▼

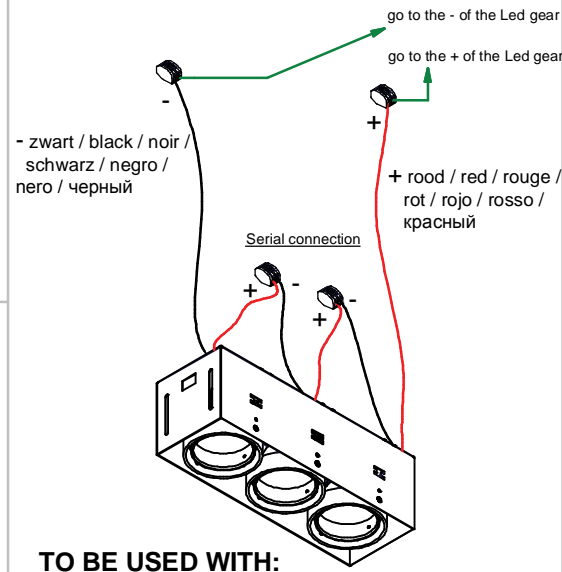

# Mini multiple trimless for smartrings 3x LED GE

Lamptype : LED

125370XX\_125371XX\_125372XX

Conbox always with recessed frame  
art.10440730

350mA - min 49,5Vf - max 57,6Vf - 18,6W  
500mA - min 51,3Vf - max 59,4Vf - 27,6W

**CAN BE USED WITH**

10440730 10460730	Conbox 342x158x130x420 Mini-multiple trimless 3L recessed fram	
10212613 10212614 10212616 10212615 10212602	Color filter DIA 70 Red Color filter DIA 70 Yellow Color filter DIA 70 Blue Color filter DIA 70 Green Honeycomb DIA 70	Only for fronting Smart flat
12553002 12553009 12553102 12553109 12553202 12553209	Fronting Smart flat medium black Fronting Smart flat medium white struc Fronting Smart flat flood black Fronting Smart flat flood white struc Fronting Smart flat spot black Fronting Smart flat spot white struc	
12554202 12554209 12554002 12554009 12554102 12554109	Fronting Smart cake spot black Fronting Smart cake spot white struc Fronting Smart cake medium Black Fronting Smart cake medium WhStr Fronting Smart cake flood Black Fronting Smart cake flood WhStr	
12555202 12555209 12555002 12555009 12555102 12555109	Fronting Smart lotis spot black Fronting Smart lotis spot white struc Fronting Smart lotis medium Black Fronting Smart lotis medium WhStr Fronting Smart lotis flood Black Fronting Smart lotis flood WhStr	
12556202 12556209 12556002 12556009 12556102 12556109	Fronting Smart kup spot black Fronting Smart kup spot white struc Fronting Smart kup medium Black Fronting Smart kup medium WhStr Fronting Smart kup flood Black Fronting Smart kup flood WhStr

▲
▼

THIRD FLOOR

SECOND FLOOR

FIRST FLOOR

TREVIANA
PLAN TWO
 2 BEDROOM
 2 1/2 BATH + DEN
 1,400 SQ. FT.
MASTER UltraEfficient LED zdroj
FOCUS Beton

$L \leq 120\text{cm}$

▲

## What you need to do
Scan the data for lines containing "Mini" and copy all of them.

## Result for this exercise
# Mini multiple trimless for smartrings 3x LED GE
10440730 10460730	Conbox 342x158x130x420 Mini-multiple trimless 3L recessed fram	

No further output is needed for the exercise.